Yes I have abcs...Unlike ex I have sat and had some very difficult moments listening to how I made him feel and where I went wrong too- He blames me 100% and has denied his violence, emotional abuse and disgusting behaviours...citing I deserve it, or he could't help himself, or I am a liar. I am not a liar. I Have been very honest with SS, Police, HV etc about what I am not proud of and what he has told me. I have seeked counselling and received it-this will continue after the birth, reading books to try and change behaviours and also "get better" for the sake of the children. Like I said in the beginning...split was both of our faults. I have tried to be reasonable with him, I have tried to talk, I have tried to get structured everythiing. All met with..."there's no point, or we'll talk about it another time-this never happens, I haven't got time for this or his favourite which is..your talking rubbish..I don't agree..so we're not discussing it. or he just hangs up/walks out. This was his behaviour towards me in the relationship too...doesn't matter what its reagrding.

Its a it hard to not let things bother me when I am alone without much help and he is constantly trying to control, manipulate, hurt and punish me. Its also hard to not let things bother me when he and his family behave the way they do and do nothing to help..even when I am so heavily pregnant or when I'm ill, or anything. Please bear in mind they live next door.
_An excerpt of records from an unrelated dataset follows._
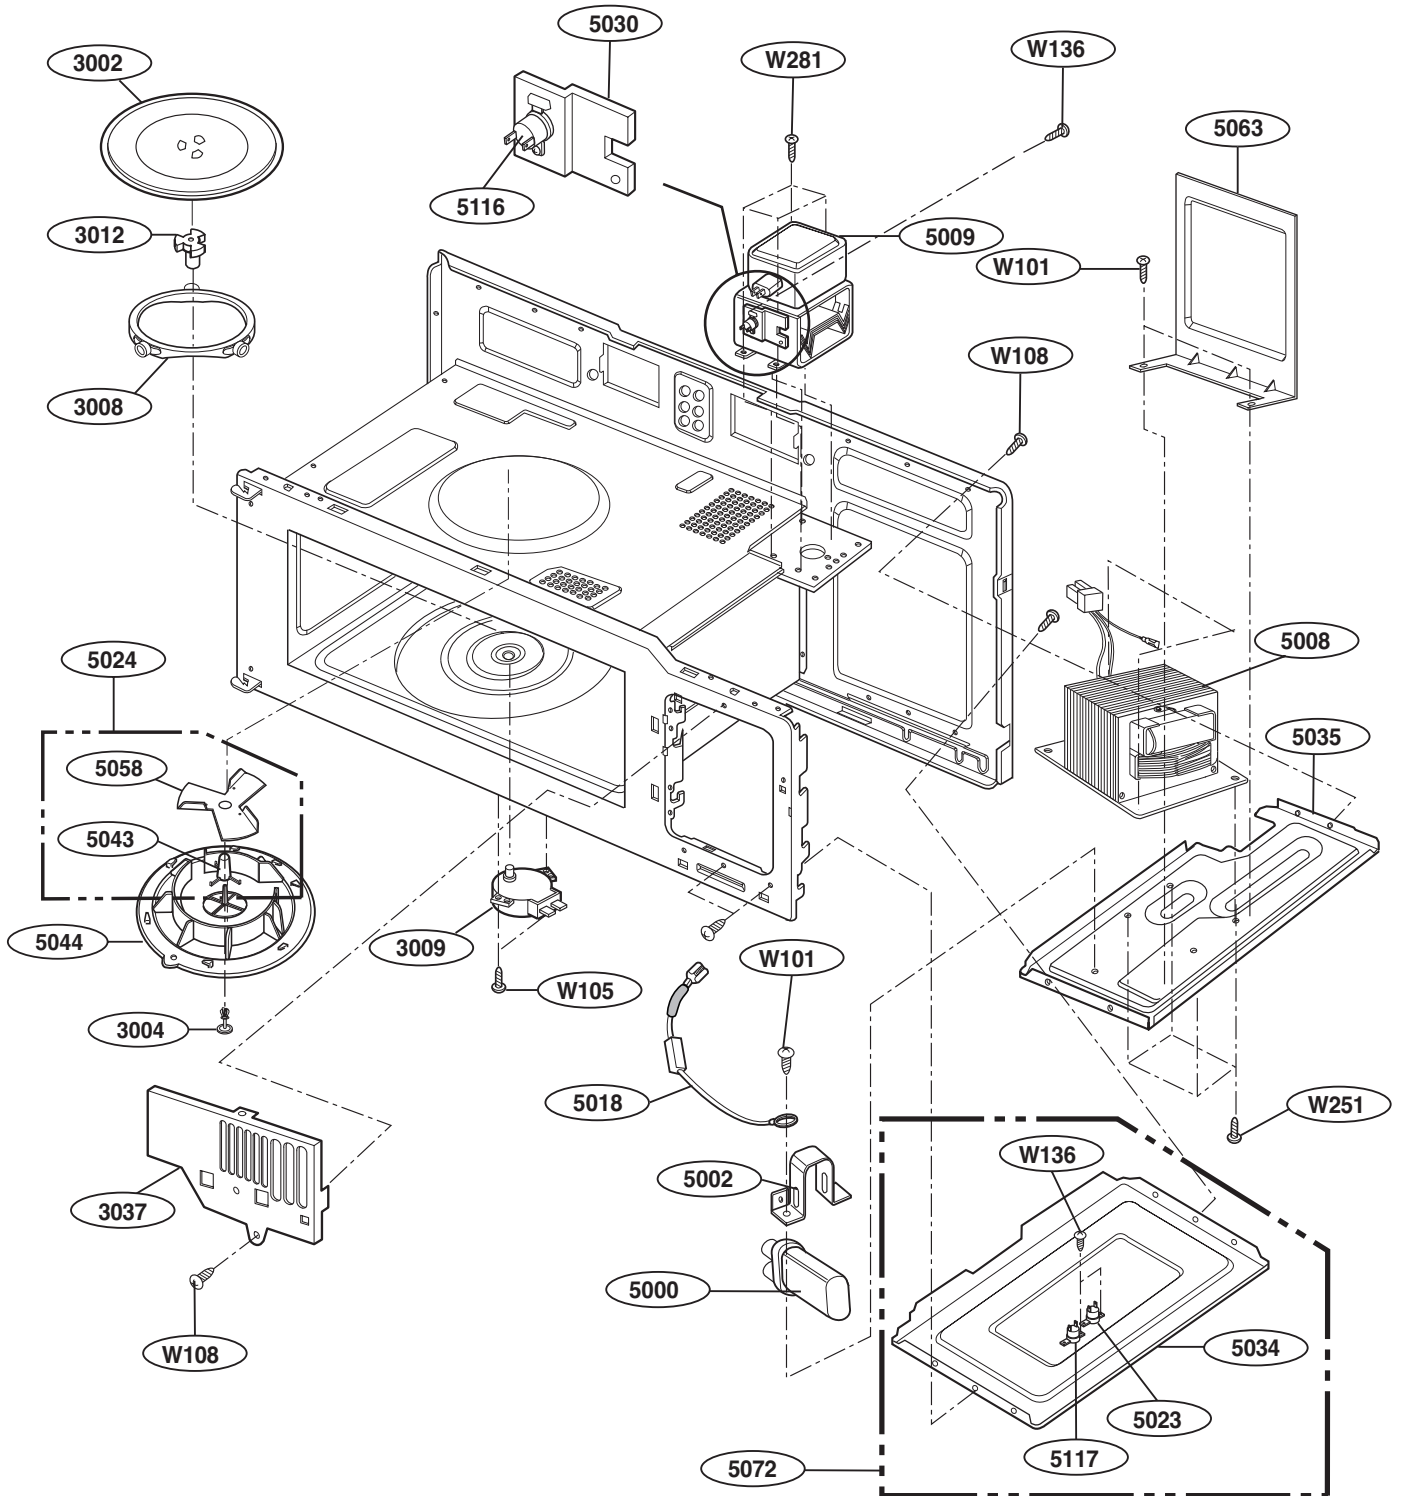

----- Manual continues below -----

EXPLODED VIEW

DOOR PARTS(I)

For Model :
JVM1540DMWW
JVM1540DMBB
JVM1540DMCC
JNM1541DMWW
JNM1541DMBB
JNM1541DMCC
HVM1540DMWW
HVM1540DMBB

P/No: MFL32357701

CONTROLLER PARTS(I)

W138

For Model:
JVM1540DMBB
JNM1541DMBB
HVM1540DMBB
JVM1540SMSS
JVM1540LMCS
JNM1541SMSS
HVM1540LMCS
HVM1540SMSS

W142

LATCH BOARD PARTS

INTERIOR PARTS (I)

INTERIOR PARTS (II)

INSTALLATION PARTS

- OWNERS MANUAL — MFL1
- INSTALLATION MANUAL — MFL3
- COOKING GUIDE LABEL — MEZ1
- UPPER TEMPLATE — MBM4
- WALL TEMPLATE — MBM5

I am not being dramatic either..thats the worst thing. They are genuinly the kind of family who just think differently from the rest of society.

Maintainence again is unstructured. He isn't paying this week because he can't afford it apparently. Although he sat in coffee shops for 2 days this week "working" on his business plan.

What form is it I'll need? And can I download it from internet. I have a solic appt for next wed but if I can bypass this that would be great.

I never pretend to be perfect, I have a lot to work on-like most people. But I have done so much since the split, and worked very hard and I am proud of where I am now in comparison to when he left.

OP posts:
SolidGoldVampireBat · 29/10/2011 11:10

Raiken: An abusive man is an abusive man and the abuse is never the victim's fault. The OP has various agencies working with her to minimize the damage caused by this abusive man. It is not helpful to tell her that she must be to blame for his behaviour.